Retype exactly the lines from the one holding "rozmer kídla bez" through the final line of the data, both included.

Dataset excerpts
BEGIN
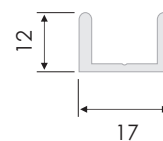

Typ dverí (ľavé, pravé) sa posudzuje z interiéru pri otváraní dverí do exteriéru, t.j. pri pohľade zvnútra sú pánty vľavo (dvere ľavé), resp. vpravo (dvere pravé).

rozmer kídla bez pántov a magnetov = rozmer pre výrobu
 max. výška kídla: 2600 mm max. šírka kídla: 1200 mm max. plocha: 3,0 m²

PO Z
profil tvaru Z

PO U
profil tvaru Z

PO F
profil krídla

PO R
rámový profil

max. výška krídla: 2500 mm
max. šírka krídla: 1500 mm
max. plocha krídla: 3,0 m²

Možnosti kotvenia posuvných dverových sieť typu **SDPo**
END
WRITTEN RESPONSE
rozmer kídla bez pántov a magnetov = rozmer pre výrobu
 max. výška kídla: 2600 mm max. šírka kídla: 1200 mm max. plocha: 3,0 m²

PO Z
profil tvaru Z

PO U
profil tvaru Z

PO F
profil krídla

PO R
rámový profil

max. výška krídla: 2500 mm
max. šírka krídla: 1500 mm
max. plocha krídla: 3,0 m²

Možnosti kotvenia posuvných dverových sieť typu **SDPo**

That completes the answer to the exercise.